Top of Material shown
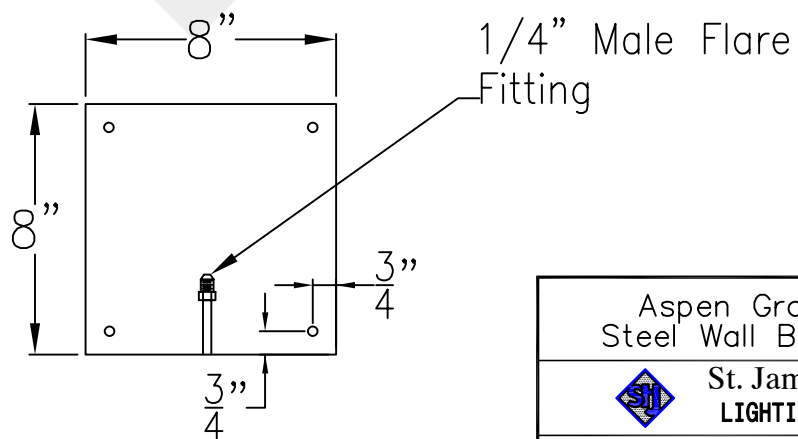

ASPEN GRANDE COPPER WALL BRACKET

Front View

Side View

Backplate

Lights are hand crafted
Dimensions may vary by 1/4"

Aspen Grande Copper Wall Bracket	
 St. James LIGHTING	
SCALE: N.T.S.	DRAFT: B. Vial
FILE: ASPL	APP'D: J. Ragan
JOB: X	DATE: 8/30/17

ASPEN GRANDE STEEL WALL BRACKET

Front View

Side View

Backplate

Lights are hand crafted
Dimensions may vary by 1/4"

Aspen Grande Steel Wall Bracket	
	St. James LIGHTING
SCALE: N.T.S.	DRAFT: B. Vial
FILE: ASPG	APP'D: J. Ragan
JOB: X	DATE: 12/6/17

ASPEN GRANDE COPPER POST MOUNT

Front View

Side View

Lights are hand crafted
Dimensions may vary by 1/4"

Aspen Grande Copper Post Mount	
 St. James LIGHTING	
SCALE: N.T.S.	DRAFT: B. Vial
FILE: ASPL	APP'D: J. Ragan
JOB: X	DATE: 12/6/17

ASPEN GRANDE HALF YOKE

Shortest Height 43 $\frac{7}{8}$ "

Front View

Side View

Ceiling Mount

Lights are hand crafted
Dimensions may vary by 1/4"

Aspen Grande Half Yoke	
 St. James LIGHTING	
SCALE: N.T.S.	DRAFT: B. Vial
FILE: ASPL	APP'D: J. Ragan
JOB: X	DATE: 12/6/17
Bottom of Material shown
* What the task requires
Quote the records above exactly, leaving out any pictures.

* Solution to this exercise
ASPEN GRANDE COPPER WALL BRACKET

Front View

Side View

Backplate

Lights are hand crafted
Dimensions may vary by 1/4"

Aspen Grande Copper Wall Bracket	
 St. James LIGHTING	
SCALE: N.T.S.	DRAFT: B. Vial
FILE: ASPL	APP'D: J. Ragan
JOB: X	DATE: 8/30/17

ASPEN GRANDE STEEL WALL BRACKET

Front View

Side View

Backplate

Lights are hand crafted
Dimensions may vary by 1/4"

Aspen Grande Steel Wall Bracket	
	St. James LIGHTING
SCALE: N.T.S.	DRAFT: B. Vial
FILE: ASPG	APP'D: J. Ragan
JOB: X	DATE: 12/6/17

ASPEN GRANDE COPPER POST MOUNT

Front View

Side View

Lights are hand crafted
Dimensions may vary by 1/4"

Aspen Grande Copper Post Mount	
 St. James LIGHTING	
SCALE: N.T.S.	DRAFT: B. Vial
FILE: ASPL	APP'D: J. Ragan
JOB: X	DATE: 12/6/17

ASPEN GRANDE HALF YOKE

Shortest Height 43 $\frac{7}{8}$ "

Front View

Side View

Ceiling Mount

Lights are hand crafted
Dimensions may vary by 1/4"

Aspen Grande Half Yoke	
 St. James LIGHTING	
SCALE: N.T.S.	DRAFT: B. Vial
FILE: ASPL	APP'D: J. Ragan
JOB: X	DATE: 12/6/17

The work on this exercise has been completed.